TASK DETAILS:
Line by line, transcribe the data below exactly and pass over the images.

*** Opening of DATASET ***

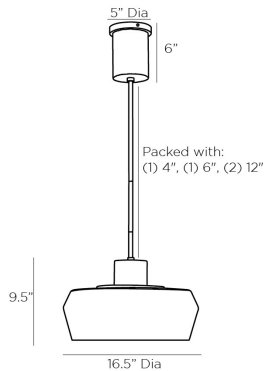

ARTERIOS

HOLM PENDANT

JAY JEFFERS

DJ49008

H: 19 IN, Dia: 16.50 IN

Pewter, Blue Smoke Glass

Contract Suitable As Is

The unusual shape of this pendant with its double layers of glass and pewter finish is the perfect blend of form and function. The clear ribbed interior glass mixed with the blue smoke outer glass create beautiful diffused light. Keep the drop long over a kitchen island or shorten it for hallway or bedroom fixture. Additional pipe available (PIPE-493). Damp-rated, although limited covered outdoor areas may affect finish.

APPEARANCE

	Pewter
Material	Glass, Steel
Material Type	Ribbed
Finish	Blue Smoke, Clear, Pewter
Top Coat/Sealant	true

DIMENSIONS

Pendant	H: 9.5 IN, Dia: 16.50 IN
Minimum Hanging Height	19 IN
Maximum Hanging Height	49 IN
Canopy	H: 6 IN, Dia: 5.00 IN

WIRING

Rating	Damp
Cord	10 FT, Black, SVT
Socket	3, Type B - E12
Photographed Bulb	Small Clear Tubular Bulb
Maximum Watt	60
Voltage	110-120 V

CERTIFICATIONS

	Mexico
Certifications	Australia, European Union, United Arab Emirates, United States, Canada

COMPLIANCY

UL/ETL	Yes
CB	Yes
RoHS	true

SHIPPING

Product Weight	17.5 LBS
Gross Weight 1	20 LBS
Shipping Box 1	H: 34.6 IN, L: 20 IN, W: 10.5 IN
Shipping Box 2	H: 0 IN, L: 0 IN, W: 0 IN
Shipping Box 3	H: 0

REPLACEMENT PARTS
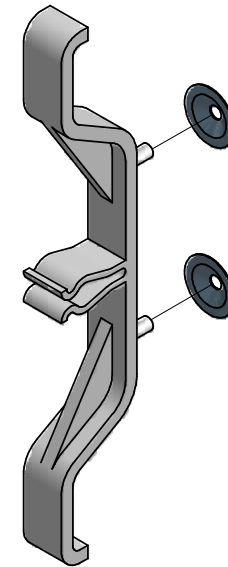

SIDE VIEW

CABLE WRAP ASSEMBLY

BACK VIEW

M795
Cable Wrap - Grey Plastic
Hardware
2 Clips - Spring Washers
**note cable wraps sold in pairs

HAMMOND
MANUFACTURING™

M795

*** Close of DATASET ***

YOUR RESPONSE:
ARTERIOS

HOLM PENDANT

JAY JEFFERS

DJ49008

H: 19 IN, Dia: 16.50 IN

Pewter, Blue Smoke Glass

Contract Suitable As Is

The unusual shape of this pendant with its double layers of glass and pewter finish is the perfect blend of form and function. The clear ribbed interior glass mixed with the blue smoke outer glass create beautiful diffused light. Keep the drop long over a kitchen island or shorten it for hallway or bedroom fixture. Additional pipe available (PIPE-493). Damp-rated, although limited covered outdoor areas may affect finish.

APPEARANCE

	Pewter
Material	Glass, Steel
Material Type	Ribbed
Finish	Blue Smoke, Clear, Pewter
Top Coat/Sealant	true

DIMENSIONS

Pendant	H: 9.5 IN, Dia: 16.50 IN
Minimum Hanging Height	19 IN
Maximum Hanging Height	49 IN
Canopy	H: 6 IN, Dia: 5.00 IN

WIRING

Rating	Damp
Cord	10 FT, Black, SVT
Socket	3, Type B - E12
Photographed Bulb	Small Clear Tubular Bulb
Maximum Watt	60
Voltage	110-120 V

CERTIFICATIONS

	Mexico
Certifications	Australia, European Union, United Arab Emirates, United States, Canada

COMPLIANCY

UL/ETL	Yes
CB	Yes
RoHS	true

SHIPPING

Product Weight	17.5 LBS
Gross Weight 1	20 LBS
Shipping Box 1	H: 34.6 IN, L: 20 IN, W: 10.5 IN
Shipping Box 2	H: 0 IN, L: 0 IN, W: 0 IN
Shipping Box 3	H: 0

REPLACEMENT PARTS

SIDE VIEW

CABLE WRAP ASSEMBLY

BACK VIEW

M795
Cable Wrap - Grey Plastic
Hardware
2 Clips - Spring Washers
**note cable wraps sold in pairs

HAMMOND
MANUFACTURING™

M795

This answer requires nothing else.